:: What you should do ::
All the lines below should appear again unchanged, though their pictures should not.

:: Records provided ::

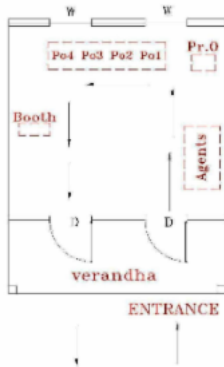

வாக்காளர் பதிவு அலுவலரின்
கையொப்பம்

Nazri Naksha

Google Map View

Polling Station Building Front View

Polling Station Front View

Cad View

Key MAP View

1	RMD0450338	பெயர் : அருவி - தந்தையின் பெயர்: சின்னப்பன் - வீட்டு எண் : 1 வயது : 66 பாலினம் : ஆண்	Photo is available	2	RMD0450320	பெயர் : சகுந்தலா - கணவர் பெயர்: அருவி - வீட்டு எண் : 1 வயது : 61 பாலினம் : பெண்	Photo is available	3	RMD0220426	பெயர் : பத்மா - கணவர் பெயர்: அகஸ்டின் - வீட்டு எண் : 1 வயது : 47 பாலினம் : பெண்	Photo is available
4	RMD1063387	பெயர் : அமுதா - கணவர் பெயர்: சங்கர் - வீட்டு எண் : 1 வயது : 43 பாலினம் : பெண்	Photo is available	5	RMD0837476	பெயர் : சாந்தி - கணவர் பெயர்: முருகதாஸ் - வீட்டு எண் : 1 வயது : 43 பாலினம் : பெண்	Photo is available	6	RMD2649655	பெயர் : ஜெகநாதன் தந்தையின் பெயர்: சுந்தரம் வீட்டு எண் : 1 வயது : 42 பாலினம் : ஆண்	Photo is available
7	RMD0450270	பெயர் : செளந்தராஜன் - தந்தையின் பெயர்: சண்முகம் - வீட்டு எண் : 1 வயது : 39 பாலினம் : ஆண்	Photo is available	8	RMD0450353	பெயர் : குமாரி - கணவர் பெயர்: ரமேஷ் - வீட்டு எண் : 1 வயது : 39 பாலினம் : பெண்	Photo is available	9	RMD0450726	பெயர் : பிச்சாண்டி - தந்தையின் பெயர்: பெருமாள் - வீட்டு எண் : 1 வயது : 37 பாலினம் : ஆண்	Photo is available
10	RMD0450742	பெயர் : ராஜிவகாந்தி - தந்தையின் பெயர்: சின்னவேடியன் - வீட்டு எண் : 1 வயது : 37 பாலினம் : ஆண்	Photo is available	11	RMD2649648	பெயர் : பரிமள கணவர் பெயர்: ஜெகநாதன் வீட்டு எண் : 1 வயது : 37 பாலினம் : பெண்	Photo is available	12	RMD0450197	பெயர் : வீரப்பன் - தந்தையின் பெயர்: மூர்த்தி - வீட்டு எண் : 1 வயது : 36 பாலினம் : ஆண்	Photo is available
13	RMD1222652	பெயர் : சுரேஷ் - தந்தையின் பெயர்: முனுசாமி - வீட்டு எண் : 1 வயது : 35 பாலினம் : ஆண்	Photo is available	14	RMD0519777	பெயர் : ஏழுமலை - தந்தையின் பெயர்: சேட்டு - வீட்டு எண் : 1 வயது : 35 பாலினம் : ஆண்	Photo is available	15	RMD1222660	பெயர் : இராஜேஸ்வரி - தந்தையின் பெயர்: துரை - வீட்டு எண் : 1 வயது : 35 பாலினம் : பெண்	Photo is available
16	RMD1063411	பெயர் : மீனா - கணவர் பெயர்: சுரேஷ் - வீட்டு எண் : 1 வயது : 33 பாலினம் : பெண்	Photo is available	17	RMD0724278	பெயர் : சுகுணா - கணவர் பெயர்: பிச்சாண்டி - வீட்டு எண் : 1 வயது : 33 பாலினம் : பெண்	Photo is available	18	RMD2413714	பெயர் : ஜெயப்ரியா கணவர் பெயர்: வேளாங்கண்ணன் வீட்டு எண் : 1 வயது : 33 பாலினம் : பெண்	Photo is available
19	RMD0837500	பெயர் : சாரத்குமார் - தந்தையின் பெயர்: சேகர் - வீட்டு எண் : 1 வயது : 31 பாலினம் : ஆண்	Photo is available	20	RMD1170802	பெயர் : அபிஷேக் - தந்தையின் பெயர்: எட்விக் - வீட்டு எண் : 1 வயது : 30 பாலினம் : ஆண்	Photo is available	21	RMD1222843	பெயர் : மதன் தந்தையின் பெயர்: கல்யாணசுந்திரம் - வீட்டு எண் : 1 வயது : 27 பாலினம் : ஆண்	Photo is available
22	RMD1222850	பெயர் : ராஜ்குமார் - தந்தையின் பெயர்: கிருஷ்ணன் - வீட்டு எண் : 1 வயது : 27 பாலினம் : ஆண்	Photo is available	23	RMD1222868	பெயர் : தமிழ்ச்செல்வி - தந்தையின் பெயர்: அண்ணாமலை - வீட்டு எண் : 1 வயது : 27 பாலினம் : பெண்	Photo is available	24	RMD1222892	பெயர் : சுமித்ரா - தந்தையின் பெயர்: சுப்பிரமணி - வீட்டு எண் : 1 வயது : 27 பாலினம் : பெண்	Photo is available
25	RMD1342211	பெயர் : ராதிகா தந்தையின் பெயர்: ரவி வீட்டு எண் : 01 வயது : 25 பாலினம் : பெண்	Photo is available	26	TUI0028886	பெயர் : தாஸ் - தந்தையின் பெயர்: செல்வம் - வீட்டு எண் : 3 வயது : 51 பாலினம் : ஆண்	Photo is available	27	RMD0724682	பெயர் : சேவியர் - தந்தையின் பெயர்: ஆரோக்யசாமி - வீட்டு எண் : 3 வயது : 48 பாலினம் : ஆண்	Photo is available
28	RMD0724302	பெயர் : சத்தியராஜி - தந்தையின் பெயர்: சண்முகம் - வீட்டு எண் : 3-1B வயது : 34 பாலினம் : ஆண்	Photo is available	29	RMD0724310	பெயர் : தேவி - கணவர் பெயர்: மருதமலை - வீட்டு எண் : 3-3 வயது : 38 பாலினம் : பெண்	Photo is available	30	RMD0724245	பெயர் : பழனி - தந்தையின் பெயர்: முனுசாமி - வீட்டு எண் : 3-4 வயது : 40 பாலினம் : ஆண்	Photo is available

:: Solved exercise ::
வாக்காளர் பதிவு அலுவலரின்
கையொப்பம்

Nazri Naksha

Google Map View

Polling Station Building Front View

Polling Station Front View

Cad View

Key MAP View

1	RMD0450338	பெயர் : அருவி - தந்தையின் பெயர்: சின்னப்பன் - வீட்டு எண் : 1 வயது : 66 பாலினம் : ஆண்	Photo is available	2	RMD0450320	பெயர் : சகுந்தலா - கணவர் பெயர்: அருவி - வீட்டு எண் : 1 வயது : 61 பாலினம் : பெண்	Photo is available	3	RMD0220426	பெயர் : பத்மா - கணவர் பெயர்: அகஸ்டின் - வீட்டு எண் : 1 வயது : 47 பாலினம் : பெண்	Photo is available
4	RMD1063387	பெயர் : அமுதா - கணவர் பெயர்: சங்கர் - வீட்டு எண் : 1 வயது : 43 பாலினம் : பெண்	Photo is available	5	RMD0837476	பெயர் : சாந்தி - கணவர் பெயர்: முருகதாஸ் - வீட்டு எண் : 1 வயது : 43 பாலினம் : பெண்	Photo is available	6	RMD2649655	பெயர் : ஜெகநாதன் தந்தையின் பெயர்: சுந்தரம் வீட்டு எண் : 1 வயது : 42 பாலினம் : ஆண்	Photo is available
7	RMD0450270	பெயர் : செளந்தராஜன் - தந்தையின் பெயர்: சண்முகம் - வீட்டு எண் : 1 வயது : 39 பாலினம் : ஆண்	Photo is available	8	RMD0450353	பெயர் : குமாரி - கணவர் பெயர்: ரமேஷ் - வீட்டு எண் : 1 வயது : 39 பாலினம் : பெண்	Photo is available	9	RMD0450726	பெயர் : பிச்சாண்டி - தந்தையின் பெயர்: பெருமாள் - வீட்டு எண் : 1 வயது : 37 பாலினம் : ஆண்	Photo is available
10	RMD0450742	பெயர் : ராஜிவகாந்தி - தந்தையின் பெயர்: சின்னவேடியன் - வீட்டு எண் : 1 வயது : 37 பாலினம் : ஆண்	Photo is available	11	RMD2649648	பெயர் : பரிமள கணவர் பெயர்: ஜெகநாதன் வீட்டு எண் : 1 வயது : 37 பாலினம் : பெண்	Photo is available	12	RMD0450197	பெயர் : வீரப்பன் - தந்தையின் பெயர்: மூர்த்தி - வீட்டு எண் : 1 வயது : 36 பாலினம் : ஆண்	Photo is available
13	RMD1222652	பெயர் : சுரேஷ் - தந்தையின் பெயர்: முனுசாமி - வீட்டு எண் : 1 வயது : 35 பாலினம் : ஆண்	Photo is available	14	RMD0519777	பெயர் : ஏழுமலை - தந்தையின் பெயர்: சேட்டு - வீட்டு எண் : 1 வயது : 35 பாலினம் : ஆண்	Photo is available	15	RMD1222660	பெயர் : இராஜேஸ்வரி - தந்தையின் பெயர்: துரை - வீட்டு எண் : 1 வயது : 35 பாலினம் : பெண்	Photo is available
16	RMD1063411	பெயர் : மீனா - கணவர் பெயர்: சுரேஷ் - வீட்டு எண் : 1 வயது : 33 பாலினம் : பெண்	Photo is available	17	RMD0724278	பெயர் : சுகுணா - கணவர் பெயர்: பிச்சாண்டி - வீட்டு எண் : 1 வயது : 33 பாலினம் : பெண்	Photo is available	18	RMD2413714	பெயர் : ஜெயப்ரியா கணவர் பெயர்: வேளாங்கண்ணன் வீட்டு எண் : 1 வயது : 33 பாலினம் : பெண்	Photo is available
19	RMD0837500	பெயர் : சாரத்குமார் - தந்தையின் பெயர்: சேகர் - வீட்டு எண் : 1 வயது : 31 பாலினம் : ஆண்	Photo is available	20	RMD1170802	பெயர் : அபிஷேக் - தந்தையின் பெயர்: எட்விக் - வீட்டு எண் : 1 வயது : 30 பாலினம் : ஆண்	Photo is available	21	RMD1222843	பெயர் : மதன் தந்தையின் பெயர்: கல்யாணசுந்திரம் - வீட்டு எண் : 1 வயது : 27 பாலினம் : ஆண்	Photo is available
22	RMD1222850	பெயர் : ராஜ்குமார் - தந்தையின் பெயர்: கிருஷ்ணன் - வீட்டு எண் : 1 வயது : 27 பாலினம் : ஆண்	Photo is available	23	RMD1222868	பெயர் : தமிழ்ச்செல்வி - தந்தையின் பெயர்: அண்ணாமலை - வீட்டு எண் : 1 வயது : 27 பாலினம் : பெண்	Photo is available	24	RMD1222892	பெயர் : சுமித்ரா - தந்தையின் பெயர்: சுப்பிரமணி - வீட்டு எண் : 1 வயது : 27 பாலினம் : பெண்	Photo is available
25	RMD1342211	பெயர் : ராதிகா தந்தையின் பெயர்: ரவி வீட்டு எண் : 01 வயது : 25 பாலினம் : பெண்	Photo is available	26	TUI0028886	பெயர் : தாஸ் - தந்தையின் பெயர்: செல்வம் - வீட்டு எண் : 3 வயது : 51 பாலினம் : ஆண்	Photo is available	27	RMD0724682	பெயர் : சேவியர் - தந்தையின் பெயர்: ஆரோக்யசாமி - வீட்டு எண் : 3 வயது : 48 பாலினம் : ஆண்	Photo is available
28	RMD0724302	பெயர் : சத்தியராஜி - தந்தையின் பெயர்: சண்முகம் - வீட்டு எண் : 3-1B வயது : 34 பாலினம் : ஆண்	Photo is available	29	RMD0724310	பெயர் : தேவி - கணவர் பெயர்: மருதமலை - வீட்டு எண் : 3-3 வயது : 38 பாலினம் : பெண்	Photo is available	30	RMD0724245	பெயர் : பழனி - தந்தையின் பெயர்: முனுசாமி - வீட்டு எண் : 3-4 வயது : 40 பாலினம் : ஆண்	Photo is available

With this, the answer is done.